Anyway, Aunt Nora called yesterday morning and said Mom was at the doctor but they wouldn’t be seeing her till after 1pm and if we could stop by and take her some lunch since she hadn’t even eaten breakfast. Since Mario had the day off and we were going to be in town, we picked up a grilled chicken salad and water for her from Sonic (Jaylen played for a little while in the “club house” as he calls it). I was shocked when we saw Mom…her eye looked horrible. She barely had it open, it was so swollen. While she waited to be seen, we went to Michael’s where Mario got me a whole bunch of scrapbooking supplies–my Mom’s Day present from him, which I’m super thrilled with . It was almost $50 worth…scrapbooking’s expensive!
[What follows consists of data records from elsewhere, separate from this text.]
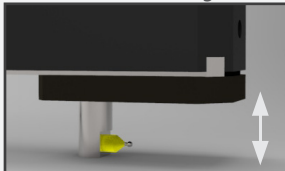

Internal Seal Gauge For Box (Variable). Medidor de sello box Variable.

CODE CODIGO	x (inch) x (pulgada)	Capacity Capacidad
5000-341	0" UP / 1.250 "	2 3/8" UP / A 4 1/2"
5000-342	0" UP / 1.250 "	4 1/2" UP / A 9 5/8"
5000-343	0" UP / 1.250 "	9 5/8" UP / A 14"

Seteo Axial / Setting Axial

Seteo Axial / Setting Axial

Seteo Diametral / Setting Diameter

We can offer them in other sizes.
Sobre pedido podemos atender otras dimensiones.

The specifications or pictures may differ from the current production according to our experience.
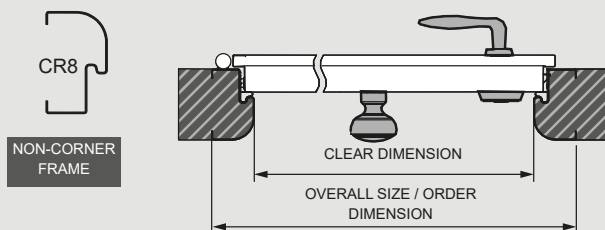

STRUCTURE

Two 1mm galvanized steel plates, assembled without welding (A).

Leaf thickness: 53mm.

Inner chamber: rigid polyurethane foam injected at high pressure (B).

2 brass-plated steel hinges adjustable in 3 directions with CE marking, complemented with nylon trim (C).

On the outside, security anti-drilling shield (G) + knob handle (H).

On the inside, shield + handle with escutcheon (I).

In the double leaf model, 2 bolts are placed; embedded in the edge of the leaf, as the inactive leaf drive (J).

MEASUREMENTS ONE LEAF

SECTION A-A'

SECTION B-B'

Frame	Order Size		Clear Opening		Internal Frame		Overall (Ext. Frame)	
	Width	Height	Width	Height	Width	Height	Width	Height
CR8	910	2100	790	2040	910	2100	910	2100
	960	2100	840	2040	960	2100	960	2100
	1010	2100	890	2040	1010	2100	1010	2100

Standard measurements in millimeters. Possibility of other measurements on request.

MEASUREMENTS DOUBLE LEAF

SECTION A-A'

SECTION B-B'

Frame	Order Size		Clear Opening		Internal Frame		Overall (Ext. Frame)	
	Width	Height	Width	Height	Width	Height	Width	Height
CR8	1760	2100	1640	2040	1760	2100	1760	2100
	1860	2100	1740	2040	1860	2100	1860	2100
	1960	2100	1840	2040	1960	2100	1960	2100
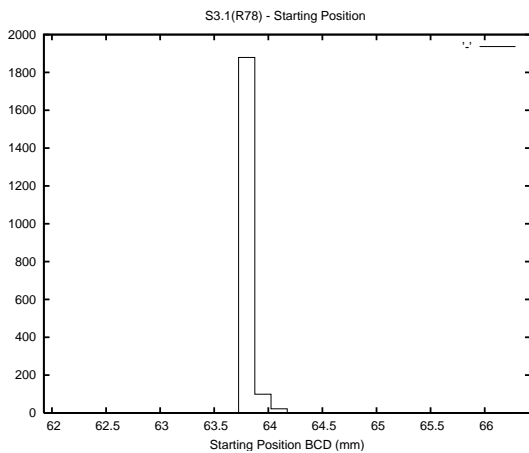

Target Performance Report - S3.1
 Report Generated: September 11, 2015,
 Last Actuation: 11/09/15 09:58:54

1 Operation Summary

	Last Shift	Total
Actuations:	64.8K	1539.1K
Quadrature Count errors:	0	0
Fiber ADC errors:	0	0
BPS errors (during actuation):	0	0
(R78) Gaps > 3s & < 10s:	589	2586
(R78) Gaps > 10s:	18	147
(R78) SP2 Corrections:	698	3378
(R78) Capture Over/Under shoots:	9202/8208	68440/38462

2 Mechanical Performance

Starting position for the last 2000 actuations.

Starting position width over time.

Acceleration for the last 2000 actuations.

Acceleration over time. Normalised to a temperature 45C using the temperature data collected by the system.

3 Optical Performance

4 BPS Check
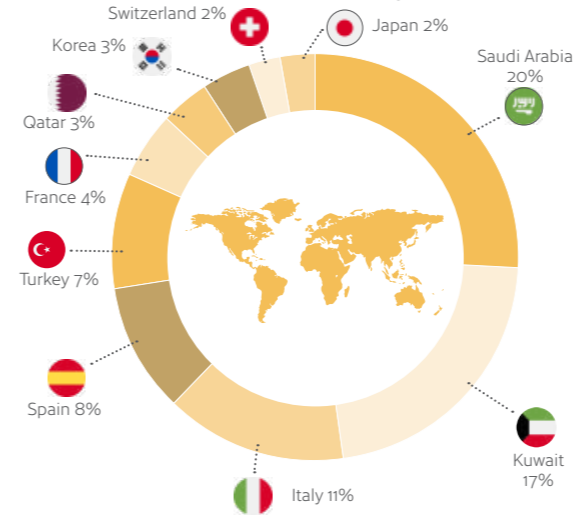

Our nationality mix

Accreditations & Memberships

ALTO **BRITISH COUNCIL** **IALC** **ENGLISHUK**

LanguageCourse^{net} Book at worldwide lowest price at:
<https://www.languagecourse.net/school-centre-of-english-studies-ces-dublin.php3>

- +1 646 503 18 10
- +44 330 124 03 17
- +34 93 220 38 75
- +33 1-78416974
- +41 225 180 700
- +49 221 162 56897
- +43 720116182
- +31 858880253
- +7 4995000466
- +46 844 68 36 76
- +47 219 30 570
- +45 898 83 996
- +39 02-94751194
- +81 345 895 399
- +55 213 958 08 76
- +86 19816218990
- +48 223 988 072
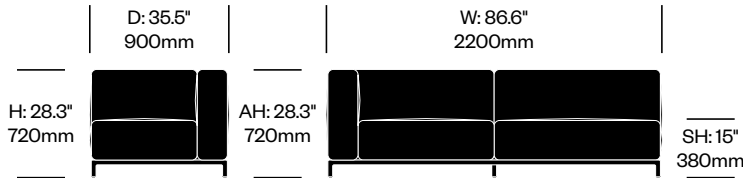

WIDE TWO SEAT SOFA WITH RIGHT ARM

Chrome Base	Number	List Price
Leather	HCCS-MHL2-WNA1	13,195.00
Fabric	HCCS-MHL2-WNA2	11,855.00

Matte Anthracite Base	Number	List Price
Leather	HCCS-MHL2-WNA1	12,250.00
Leather	HCCS-MHL2-WNA2	10,910.00
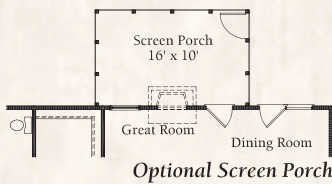

Berkshire

Elevation 1 with Optional Bonus Room

Elevation 2

02/10

WINDSORAUGHTRY.COM

Berkshire

APPROXIMATELY 1760 SF

Elevation 3

Elevation 4

Room Sizes and square footage are approximate. Because we are constantly improving our homes, we reserve the right to revise, change and/or substitute features, dimensions, architectural details and designs without notice. Any illustrations are for discussion purposes only and are not part of the legal contract. Pricing is subject to change without notice.
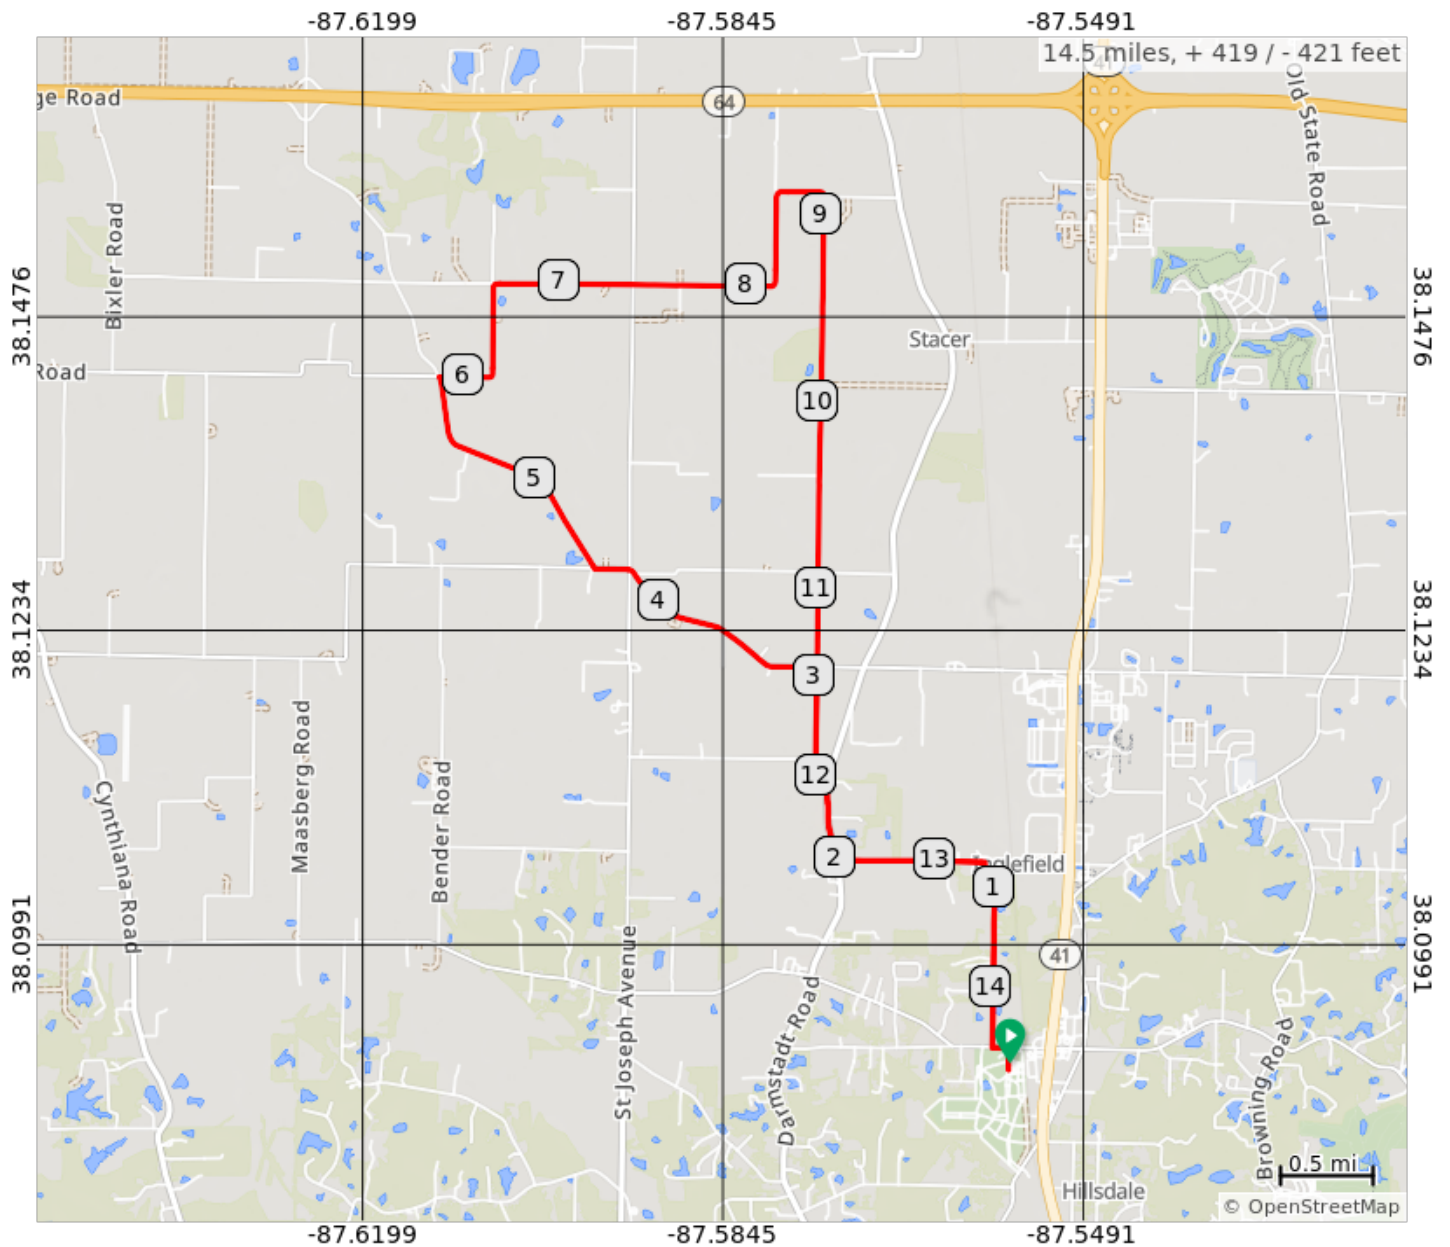

# Great Pumpkin Metric 2024 (25K )

Great Pumpkin Metric 14.8 mi (25K) route  
Starts at Vanderburgh Co. 4 H center  
201 E Boonville-New Harmony Rd, Evansville, IN 47725

## Great Pumpkin Metric 2024 (25K )

Num	Dist	Prev	Type	Note	Next
1.	0.1	0.0	←	L onto W Boonville - New Harmony Rd	0.1
2.	0.2	0.1	→	R onto Martin Rd	0.9
3.	1.1	0.9	←	L onto Center St	0.1
4.	1.1	0.1	→	R onto Warner St	0.1
5.	1.2	0.1	←	L onto W Inglefield Rd	0.8
6.	2.0	0.8	→	R onto Darmstadt Rd	0.4
7.	2.4	0.4	←	Slight L to stay on Darmstadt Rd	0.7
8.	3.1	0.7	←	L onto W Baseline Rd	1.4
9.	4.4	1.4	→	R onto Owensville Rd	1.4
10.	5.9	1.4	→	R onto Nisbet Rd	0.3
11.	6.1	0.3	←	Nisbet Rd turns slightly L and becomes Newman Rd	0.5
12.	6.6	0.5	→	Slight R onto Adler Rd	2.3
13.	8.9	2.3	→	R onto Darmstadt Rd	3.6
14.	12.5	3.6	←	L onto W Inglefield Rd	0.8
15.	13.3	0.8	→	R onto Warner St	0.1
16.	13.3	0.1	←	L onto Center St	0.1
17.	13.4	0.1	→	R onto Martin Rd	0.9
18.	14.3	0.9	←	L onto W Boonville - New Harmony Rd	0.1
19.	14.4	0.1	→	R onto Gate 2	0.1
20.	14.5	0.1	📍	End of route	0.0

14.4 miles. +408/-417 feet
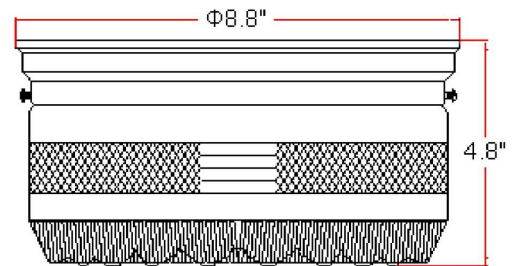

2-Light Ceiling Light
Polished Chrome

SPECIFICATIONS

MOUNTING:	Flush Mount	LED BRIGHTNESS (LUMENS):	N/A
SLOPED CEILING ADAPTABLE:	No	LED COLOR CORRELATED TEMPERATURE (CCT):	N/A
LAMP TYPE 1:	Maximum 60W Medium Base Bulb	LED COLOR RENDERING INDEX (CRI):	N/A
BULB INCLUDED:	No	LED EFFICACY:	N/A
WATTS PER BULB:	60W	LED AVERAGE RATED LIFE:	N/A
TOTAL WATTAGE:	120W	ENERGY EFFICIENT:	No
DIMMABLE:	Yes	LIGHTING AMPS:	N/A
MATERIAL CONSTRUCTION:	Steel	VOLTAGE:	120V
ASSEMBLED DIMENSIONS:	4.8" H x 8.8" L x 8.8" D		
WEIGHT:	3.10 lbs.		
BACKPLATE DIMENSIONS:	N/A		
CANOPY/PLATE DIMENSIONS:	n/a" H x 8.8" D		
GLASS/SHADE DIMENSIONS:	4" H x 8.27" L x 8.27" D		
GLASS/SHADE MATERIAL:	Glass		
GLASS/SHADE TYPE:	Prismatic		
GLASS/SHADE COLOR:	Clear		
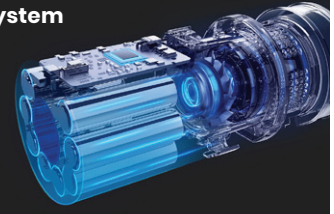

BMS-X battery system

with eight LG/ Samsung lithium batteries.

65min. run time (Standard level).

The new BMS-X battery offers 65min run time through innovative cell management. That means you can clean up to to 400m² of floors on one charge.

Washable filter components

The filter can be taken apart and all components can be washed to avoid build-up of dirt and odours.

The most costly things were the Fiskars 12×12 paper trimmer and the packs and packs of embellishments I got. I’m in love with the paper trimmer. I trimmed Eenan’s school pictures yesterday while at Yadira’s with such ease! I’m hopefully going to start on my Disneyworld page, Eenan’s Graduation page, two baby pages for the boys, one titled “Brotherly Love” which’ll feature all the pictures I’ve collected of the boys hugging eachother, one called “Frogs, Snails and Puppy Dog Tails” featuring them playing and all that cute ‘boy’ stuff, and finally, one featuring pinks and Hello Kitty stickers for my birthday pictures. It just dawned on me though that I don’t have any alphabet stickers. I’ll probably write them out with map colors or something . I didn’t really get to look around (peacefully) as much as I would have liked since Jaylen was due for a nap and was beyond fussy. You could hear him screaming throughout the store . What was cute though, was that Mario was actually looking at the embellishments and stickers with me and even picked out the alphabet stickers for Eenan’s graduation page .

We went back to Mom’s doctor and waited for what felt like forever. I went in after I became impatient and they finally called her in. The doctor checked her and I told him my theory–what if she got that infection in her eye because it’s just a regular “Pink Eye” but since she has diabetes it got out of control–and he said that yes, it’s very likely. I never want to get diabetes . I hope she gets better very soon. She has her medications now so hopefully they help her out. She’s off of work until Monday, and those bastards (her bosses) better not give her crap about it. Grr.

I think I’m going to start with my scrapbooking. I was going to mop but eh, I don’t feel like it.